Abstract

With their self-renewing and homing/differentiative abilities, stem cells are the ideal targets for most gene therapy protocols: they are either long-term carriers of therapeutic genes or mobilized/recruted targets of transient regenerative processes (eg revascularization). Long term gene therapy is thus amenable to synergistic combinations where ex vivo/in vivo genetic engineering of stem cells associates to transient in vivo topical expression of minigenes encoding various homing/regenerative factors. Such a combination of long-term and transient gene therapy protocols stands as a powerful mean to tackle inherited and degenerative/acquired disorders. Indeed, transient magnification of stem cell regenerative potential, in which therapeutic homing is a key feature, should culminate in efficient targeted repopulation dynamics of engineered stem cells and differentiated derivatives in relevant tissues/organs, thereby providing appropriate gene therapeutics and life-long maintenance/replacement of therapeutic engineered cells. This long-term gene therapy strategy is hampered by a major safety concern: random integration of therapeutic DNA. However, promising site-specific integration vectors based on AAV rep or phage phiC31 integrase are at the pre-clinical stage.
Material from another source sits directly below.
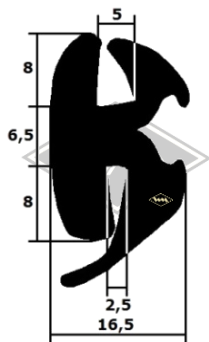

Multicar

9551
Scheibenprofil
EUR 5,20/m*

Unlike these approaches, gene targeting is driven by homologous recombination and has thus target flexibility. It mediates DNA exchanges between chromosomal and transfecting/transducing DNA, thereby providing the means to modify at will the sequence of target chromosomal DNA. Gene targeting stands thus as the ultimate process for gene repair/alteration and targeted (site-specific) transgene integration. It is however overwhelmed by random integration and is highly inefficient unless a double-strand break (DSB) hits target chromosomal DNA.